*** Opening DATASET RECORDS ***
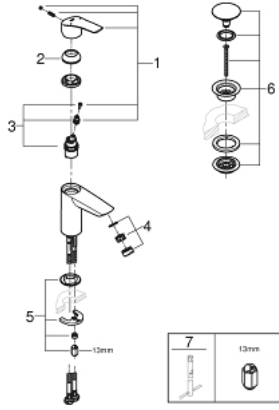

## 23 922 003 EUROSMART TEK KUMANDALI LAVABO BATARYASI S-BOYUT

### ÜRÜN AÇIKLAMASI

- Renk: krom
- GROHE SilkMove 28 mm seramik kartuş
- ayarlanabilir akış limitleyici
- sıcaklık limitleyici ile
- GROHE LongLife kaplama
- GROHE EcoJoy daha az su tüketimi ve mükemmel akış teknolojisi
- maximum flow rate (at 3 bar): 5 l/min
- izole edilmiş iç su yolları- kurşun ve nikel içermez
- GROHE FastFixation installation system
- bas-aç gider seti 1 1/4"
- spiral bağlantı hortumları

23 922 003 **EUROSMART TEK KUMANDALI LAVABO BATARYASI**  
**S-BOYUT**

**YEDEK PARÇALAR**, Temmuz 2019 – now

- 1: Kumanda Kolu (Sipariş no. 48548000)
  - 2: Kapak (Sipariş no. 46116000)
  - 3: Kartuş (Sipariş no. 48518000)
  - 4: Perlatör (Sipariş no. 48159000)
  - 5: Vida bağlantılı montaj (Sipariş no. 46645000)
  - 6: Bas-aç gider seti (Sipariş no. 65807000)
  - 7: İngiliz anahtarı (Sipariş no. 19017000)\*
- \*Özel aksesuarlar
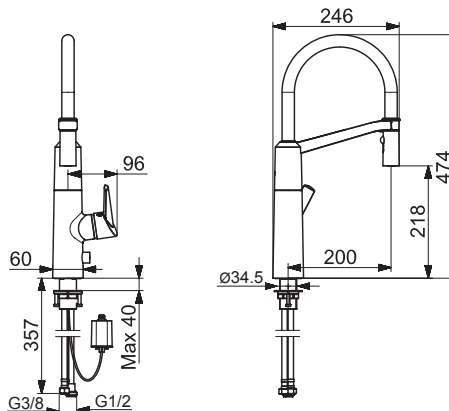

2739F

I (ISO 3822) Oras lab.
0.2 l/s (300 kPa)
300 kPa (0.2 l/s)

IP 55
Lithium 2CR5 6 V
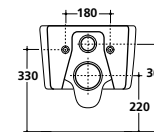

art. **8971PT** Grigio perla - Pearl grey - Gris perla

art. **8971NE** Nero - Black- Negro

MIDAS

Vaso monoblocco con scarico universale "S/P".

Monoblock w.c. with floor/wall draining.

Inodoro para tanque bajo salida horizontal ó vertical.
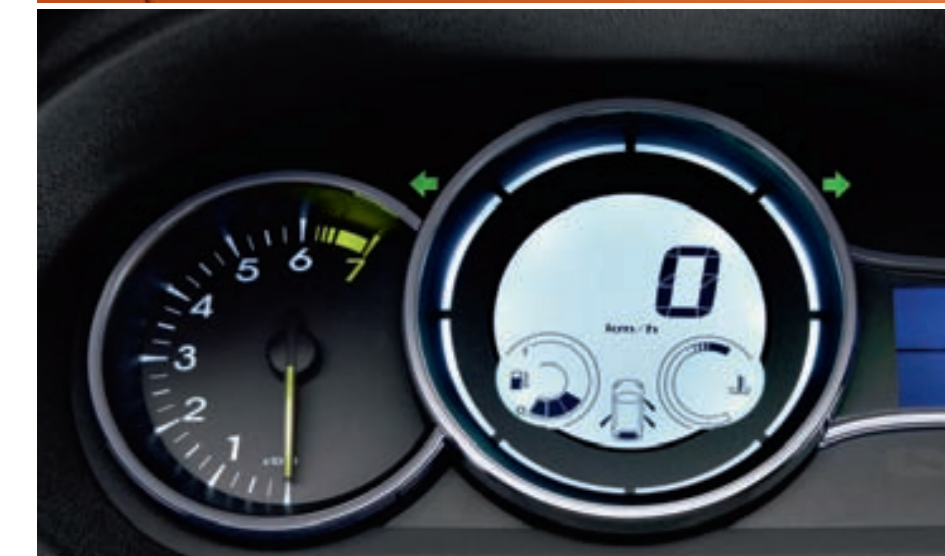

En riktig coupé, med stark karaktär. Med sin drivande linje, sitt skulpterade bakparti, sina breda axlar och sin fräcka front uppvisar Megane Coupé en helt unik stil som en äkta coupé. Säker och effektiv med den allra senaste tekniken som ger en prestanda och en körupplevelse som är helt i klass med dess exklusiva yttre. Hastighets- och varvtalsmätaren är i en helt ny stil med inspiration från tävlingsvärlden, och de kombinerar analog och digital visning. Kraftfull och bekväm men också lätt att komma in i och praktiskt inredd för att passa den dagliga körningen. Med Megane Coupé får du lite passion i din vardag.
*** Closing DATASET RECORDS ***
* _EXERCISE GOAL_:
Repeat exactly the line containing "- 6: Bas-aç" and every line after it through the end of the records, and nothing else. Leave the pictures out.

* _FINAL ANSWER_:
  - 6: Bas-aç gider seti (Sipariş no. 65807000)
  - 7: İngiliz anahtarı (Sipariş no. 19017000)\*
- \*Özel aksesuarlar

2739F

I (ISO 3822) Oras lab.
0.2 l/s (300 kPa)
300 kPa (0.2 l/s)

IP 55
Lithium 2CR5 6 V

art. **8971PT** Grigio perla - Pearl grey - Gris perla

art. **8971NE** Nero - Black- Negro

MIDAS

Vaso monoblocco con scarico universale "S/P".

Monoblock w.c. with floor/wall draining.

Inodoro para tanque bajo salida horizontal ó vertical.

En riktig coupé, med stark karaktär. Med sin drivande linje, sitt skulpterade bakparti, sina breda axlar och sin fräcka front uppvisar Megane Coupé en helt unik stil som en äkta coupé. Säker och effektiv med den allra senaste tekniken som ger en prestanda och en körupplevelse som är helt i klass med dess exklusiva yttre. Hastighets- och varvtalsmätaren är i en helt ny stil med inspiration från tävlingsvärlden, och de kombinerar analog och digital visning. Kraftfull och bekväm men också lätt att komma in i och praktiskt inredd för att passa den dagliga körningen. Med Megane Coupé får du lite passion i din vardag.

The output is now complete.